New Lazarus Spear Phishing Attack Uses a LinkedIn Job Posting as Its Front

What better way to gain complete control over a crypto organization’s network than to target their sysadmin with a Job Posting and then spear phish them?

It’s a brilliant and elegant attack. The Lazarus group, formerly responsible for WannaCry, is jumping on the cryptocurrency-as-the-target bandwagon. We’ve seen prominent twitter accounts being hacked with crypto as the endgame, as well as recent vishing attacks on financial organizations to eventually gain access to high net worth customers’ cryptocurrency accounts.

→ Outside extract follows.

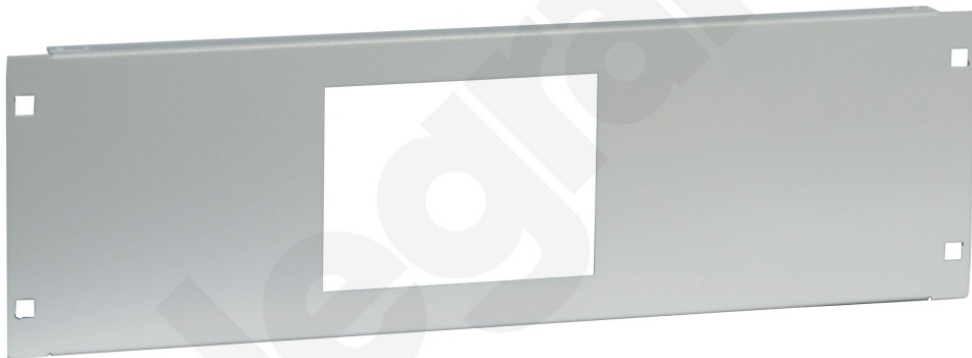

Osłona Metalowa Pełna XI³ S 36m 400mm

Kod produktu: 84438

Osłony metalowe pełne

Osłona Metalowa Pełna XI³ S

According to security researchers at F-Secure, in this latest attack from Lazarus, a legitimate LinkedIn ad is posted looking for a sysadmin for a blockchain technology company. The ad targets current sysadmins at cryptocurrency orgs. Once a candidate sysadmin engages via the ad, they are sent a Word document as part of the process, complete with the claim that the document is protected under GDPR and requires macros to be enabled.

Once enabled, a series of malicious actions occur including the conducting of system checks and downloading system-specific malware payloads. Credential harvesting, deletion of security log entries, and lateral movement are all part of the attack.

Despite the sophistication of the attack, there is one common, non-technical element that determines whether this campaign works or not – the human.

The success or failure of this attack rests solely with the sysadmin; if they don’t fall for the macro enabling and realize this is probably a scam, the whole thing falls apart.

This is why I recommend that everyone – from the mailroom to the boardroom step through new-school security awareness training and educate employees on common tactics that are not just used, but often required as part of a phishing attack.